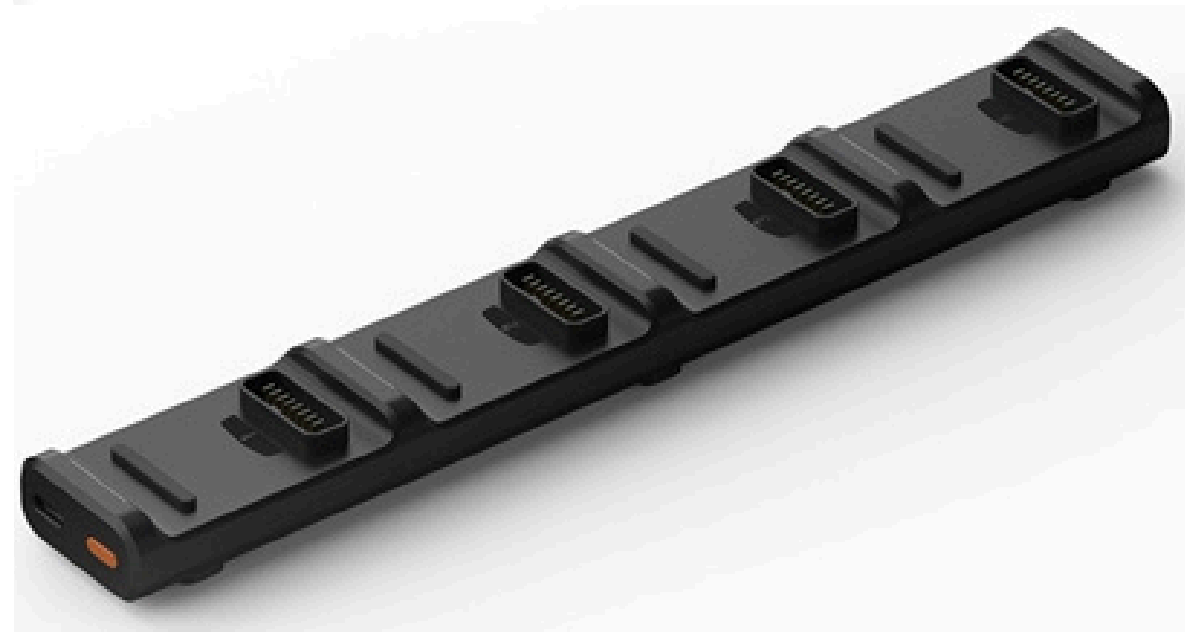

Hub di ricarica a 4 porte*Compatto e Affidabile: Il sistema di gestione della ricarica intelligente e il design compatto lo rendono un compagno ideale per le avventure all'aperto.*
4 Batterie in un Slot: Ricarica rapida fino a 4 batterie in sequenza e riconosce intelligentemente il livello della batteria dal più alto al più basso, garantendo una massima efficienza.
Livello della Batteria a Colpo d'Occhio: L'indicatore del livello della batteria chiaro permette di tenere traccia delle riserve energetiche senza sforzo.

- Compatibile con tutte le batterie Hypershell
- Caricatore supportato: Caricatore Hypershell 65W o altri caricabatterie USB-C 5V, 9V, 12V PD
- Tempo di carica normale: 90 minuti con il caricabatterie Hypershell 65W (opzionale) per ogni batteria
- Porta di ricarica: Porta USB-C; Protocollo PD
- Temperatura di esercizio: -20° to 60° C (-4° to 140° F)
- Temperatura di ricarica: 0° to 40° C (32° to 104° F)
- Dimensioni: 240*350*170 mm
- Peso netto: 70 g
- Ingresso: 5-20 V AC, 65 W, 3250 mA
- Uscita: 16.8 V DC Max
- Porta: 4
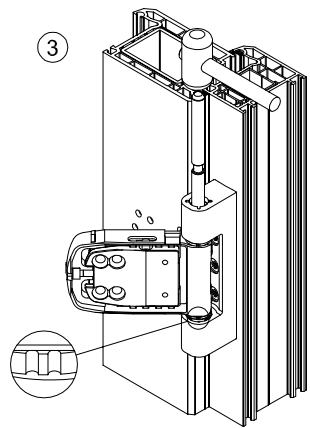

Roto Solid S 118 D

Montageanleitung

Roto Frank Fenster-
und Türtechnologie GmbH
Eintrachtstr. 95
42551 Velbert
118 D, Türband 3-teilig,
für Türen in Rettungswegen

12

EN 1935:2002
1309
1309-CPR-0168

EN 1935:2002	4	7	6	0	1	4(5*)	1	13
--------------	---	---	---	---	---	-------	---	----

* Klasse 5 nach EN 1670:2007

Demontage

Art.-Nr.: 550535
==
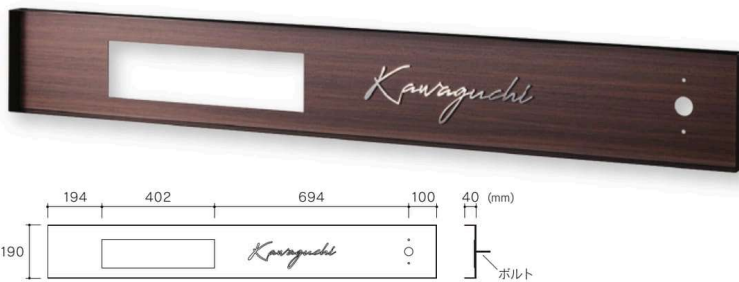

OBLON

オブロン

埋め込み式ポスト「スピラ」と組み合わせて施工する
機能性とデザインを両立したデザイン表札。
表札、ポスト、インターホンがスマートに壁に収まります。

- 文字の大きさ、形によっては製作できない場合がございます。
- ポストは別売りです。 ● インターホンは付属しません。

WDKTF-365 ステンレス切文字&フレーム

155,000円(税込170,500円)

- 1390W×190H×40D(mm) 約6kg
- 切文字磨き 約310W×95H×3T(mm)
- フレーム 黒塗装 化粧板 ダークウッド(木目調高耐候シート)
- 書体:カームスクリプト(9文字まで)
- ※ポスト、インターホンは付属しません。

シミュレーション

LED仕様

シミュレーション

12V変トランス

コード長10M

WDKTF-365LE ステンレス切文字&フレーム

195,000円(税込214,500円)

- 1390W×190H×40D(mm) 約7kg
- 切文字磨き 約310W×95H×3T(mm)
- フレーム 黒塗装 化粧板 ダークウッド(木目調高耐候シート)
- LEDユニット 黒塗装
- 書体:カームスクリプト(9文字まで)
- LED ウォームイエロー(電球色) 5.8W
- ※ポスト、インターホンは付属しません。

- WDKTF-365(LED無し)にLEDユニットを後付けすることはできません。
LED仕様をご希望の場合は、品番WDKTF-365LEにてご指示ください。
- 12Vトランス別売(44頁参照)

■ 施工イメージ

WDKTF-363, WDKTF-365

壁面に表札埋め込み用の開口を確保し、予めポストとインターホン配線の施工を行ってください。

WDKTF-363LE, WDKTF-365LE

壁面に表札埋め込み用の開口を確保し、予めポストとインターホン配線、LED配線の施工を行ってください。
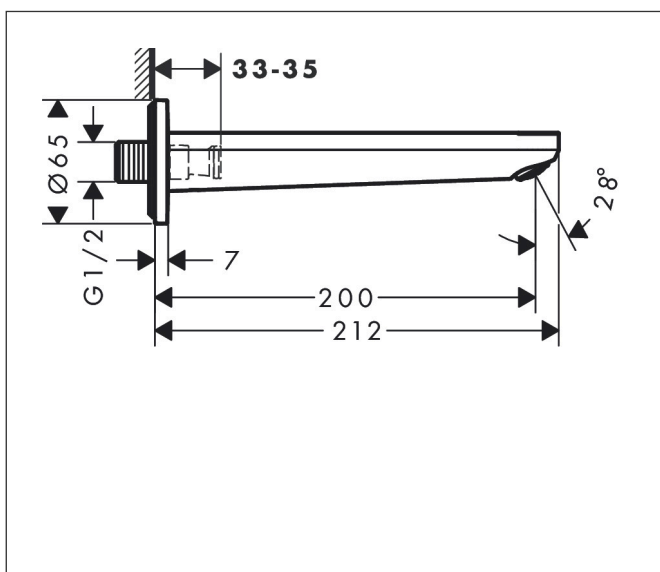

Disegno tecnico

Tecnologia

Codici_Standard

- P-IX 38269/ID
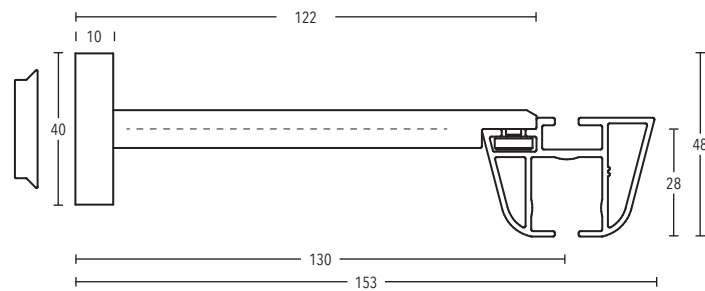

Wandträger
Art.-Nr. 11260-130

#### WORK ORDER
Only a number is wanted: how many lines of the material include the word "caricabatterie".

#### RESULT
2